*WHAT TO DO*.
Copy each line of the entries beneath that contains the word "Audio".
.....
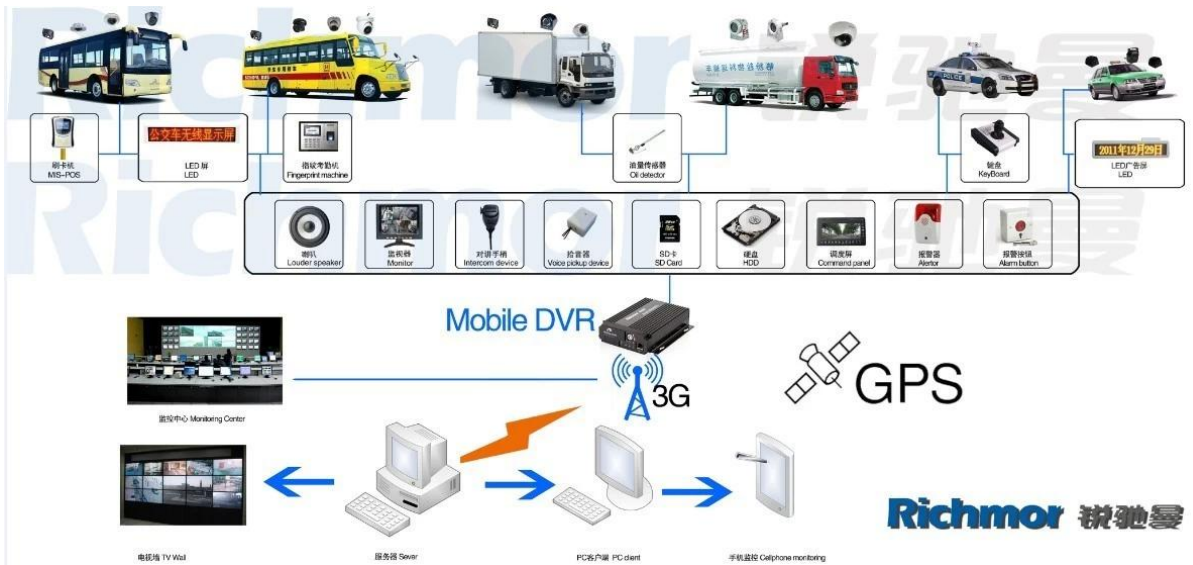

Hohe Qualität HD Mobile DVR 3G-Auto-DVR

Modell: RCM-MDR8000SDG

Hauptmerkmal:

1. 4 Kanal HD & SD-Karte Mobile DVR
2. Unterstützung 3G, GPS-Funktion
3. Unterstützung PTZ-Fernbedienung
4. Unterstützung Echtzeit-Überwachung
5. Unterstützt HD von Tagen überschrieben
6. unterstützt Backup und upgradde mit HD & SD-Karte
7. Selbst recorvery nach Stromausfall
8. Stabile Aluminiumlegierung Struktur mit Stoßdämpfer

Bilder:

Spezifikation:

Artikel	Geräteparameter	Performance-Index
Name	Produktname	4-Kanal-Mobile DVR (HDD & SD Storage)
System	Betriebssystem	Linux
	Betriebs-Schnittstelle	Grafische Schnittstellen, Chinesisch / Englisch optional
	File System	Proprietären Format
	Systemprivilegien	Benutzer Passwort
Video	Video-Eingang	4-Kanal-SDI Unabhängiger Eingang: 1,0 Vss, 75Ω.Both B & W und Farbe Kameras
	Video Ausgang	1 Kanal PAL / NTSC-Ausgang, 1,0 Vss, 75Ω, Composite-Video-Signal
	Video Display	1 oder 4-Screen-Display
	Video-Standard	PAL: 25Frames / sec; NTSC: 30frames / Sek
	Systemressourcen	PAL: 100 Bilder; NTSC: 120 Bilder
Audio-	Audio-Eingang	Zwei unabhängige Eingangskanäle & 500Ω
	Audio-Ausgang	1 Kanal (4 Kanäle lassen sich frei konvertieren)
	Grund Output & Ebene	1.0-2.2V
	Verzerrung plus Rauschen	≤-30dB
	Aufnahmemodus	Bild und Ton-Synchronisierung
	Audio Compression	ADPCM
Alarm	Alarm in	4 Kanäle unabhängige Eingangs. High Voltage-Trigger
	Alarm aus	2 unabhängige Ausgangskanäle
	Bewegen Detect	verfügbar
Netzwerk Schnittstelle	3G	Kann man WCDMA oder CDMA2000 Modul innerhalb erweitern
GPS-Schnittstelle	GPS	Kann GPS-Modul im Inneren erweitern
Erweitern Schnittstelle	Gegensprechanlage	Kann Intercom Modul innerhalb erweitern

Unsere CMS-Software-Anwendung:

Für Windows-PC Echtzeit-Überwachung

Für IOS & Android OS Handy Surveillance

Unsere Mobile DVR-Projekt für Fahrzeuge

Zertifizierung:

Ähnliche Produkte:

SD Mobile DVR with 3G GPS
.....
*EXERCISE RESPONSE*.
Audio-	Audio-Eingang	Zwei unabhängige Eingangskanäle & 500Ω
	Audio-Ausgang	1 Kanal (4 Kanäle lassen sich frei konvertieren)
	Audio Compression	ADPCM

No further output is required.